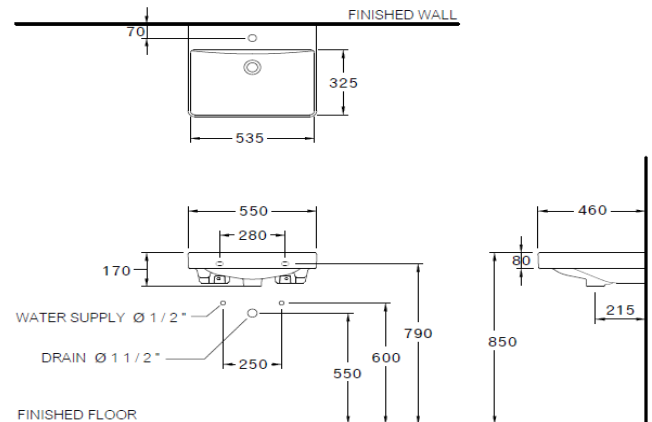

ลักษณะสินค้า

- มาตรฐาน : มอก. 791-2544
- อ่างล้างหน้า : แขวนผนัง
- ขนาด : 550 x 460 x 170 มม.
- มาตรฐานรูก๊อก : 1 รูก๊อก

Selling Point

- Simply Modish Wall Hung wash Basin.
- Represent the global trend and your personality styling for thoes Who value simplicity and minimalism.
- Super Smooth surface with Hygienic coating.

Product descriptions

- Standard : TIS 791 - 2544
- Basin : Wall Hung
- Size : 550 x 460 x 170 mm.
- Standard faucet : Standard 1 Centered.

สินค้าในชุด ประกอบด้วย Consist of

อ่างล้างหน้า	Basin	: C005907	ฝาครอบรูน้ำล้น	Overflow Cover	: C9843
ขาตั้งอ่างล้างหน้า	Pedestal	: -	อุปกรณ์ติดตั้งและน๊อตยึด	Bracket T9R	: C943
ขาอ่างชนิดแขวน	Cover	: -	น๊อตสกรูยึด	Screw & Anchor	: C9487
สแตนเลสครอบท่อน้ำทิ้ง	Stainless Trap Cover	: -	แผ่นเซรามิค	Drain Cover	: -

Dimension ware	Dimension pack.	Unit
550 x 460 x 170	590 x 505 x 220	mm.
Net weight	Gross weight	Unit
15.81	18.00	kg.

สอบถามรายละเอียดเพิ่มเติมได้ที่
บริษัทสยามซานิทารีแวร์อินดัสทรี จำกัด
36/11 ถ.วิภาวดีรังสิต แขวงสนามบึง เขตดอนเมือง กรุงเทพฯ 10210
โทร. 0-2973-5040-54 โทรสาร. 0-2973-3470-4
COTTO Call Center โทร. 0-2521-7777
รายละเอียดที่ระบุไว้ในเอกสารนี้ บริษัทอาจเปลี่ยนแปลงได้ตามความเหมาะสม
โดยไม่ต้องแจ้งล่วงหน้า
== == ==
> _Exercise_:
Scan the records above for the string "Unit", and copy every line where it turns up.

> _Response for this exercise_:
Dimension ware	Dimension pack.	Unit
Net weight	Gross weight	Unit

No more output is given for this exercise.